■ Task to carry out: Will you output all of the data below exactly, omitting the images?

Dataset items
::::::::::

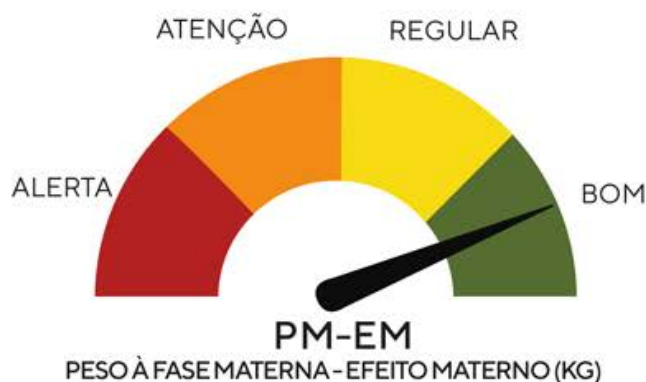

BOM

PA-ED

PESO AO ANO - EFEITO DIRETO (KG)

ATENÇÃO

REGULAR

ALERTA

BOM

PS-ED

PESO AO SOBREANO - EFEITO DIRETO

12 SETEMBRO
13h [MT] 14h [BSB]

CADASTROS E LANCES: 66 3532-0077 | 66 99927-3360

SUMÁRIO 2021

2º LEILÃO VIRTUAL

Nelore PO - Fazenda Santa Luzia
A genética melhoradora

neloreAZ

21 ANOS DE DEDICAÇÃO E FOCO NA PECUÁRIA!

MONITORAMENTO GENÉTICO

MATERNAS

RAÇA: NELORE

FAZENDA: SANTA LUZIA

DADOS:

12 SETEMBRO
13h [MT] 14h [BSB]

CADASTROS E LANÇES: 66 3532-0077 | 66 99927-3360

SUMÁRIO 2021

2º LEILÃO VIRTUAL

Nelore PO - Fazenda Santa Luzia
A genética melhoradora

neloreAZ

21 ANOS DE DEDICAÇÃO E FOCO NA PECUÁRIA!

MONITORAMENTO GENÉTICO

DADOS:

REPRODUTIVAS
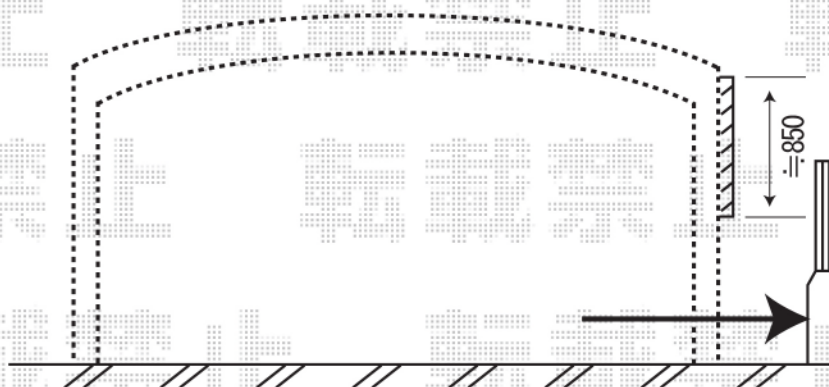

カーポート設置位置につきましては、
ブロック+フェンス側に可能な限り寄せる形を基準とのこと、
承っております。

道路側

4,180
↓
4,804

EX-SHOP
<http://www.ex-shop.net>

担当: 加島

::::::::::

■ Task response:
BOM

PA-ED

PESO AO ANO - EFEITO DIRETO (KG)

ATENÇÃO

REGULAR

ALERTA

BOM

PS-ED

PESO AO SOBREANO - EFEITO DIRETO

12 SETEMBRO
13h [MT] 14h [BSB]

CADASTROS E LANCES: 66 3532-0077 | 66 99927-3360

SUMÁRIO 2021

2º LEILÃO VIRTUAL

Nelore PO - Fazenda Santa Luzia
A genética melhoradora

neloreAZ

21 ANOS DE DEDICAÇÃO E FOCO NA PECUÁRIA!

MONITORAMENTO GENÉTICO

MATERNAS

RAÇA: NELORE

FAZENDA: SANTA LUZIA

DADOS:

12 SETEMBRO
13h [MT] 14h [BSB]

CADASTROS E LANÇES: 66 3532-0077 | 66 99927-3360

SUMÁRIO 2021

2º LEILÃO VIRTUAL

Nelore PO - Fazenda Santa Luzia
A genética melhoradora

neloreAZ

21 ANOS DE DEDICAÇÃO E FOCO NA PECUÁRIA!

MONITORAMENTO GENÉTICO

DADOS:

REPRODUTIVAS

カーポート設置位置につきましては、
ブロック+フェンス側に可能な限り寄せる形を基準とのこと、
承っております。

道路側

4,180
↓
4,804

EX-SHOP
<http://www.ex-shop.net>

担当: 加島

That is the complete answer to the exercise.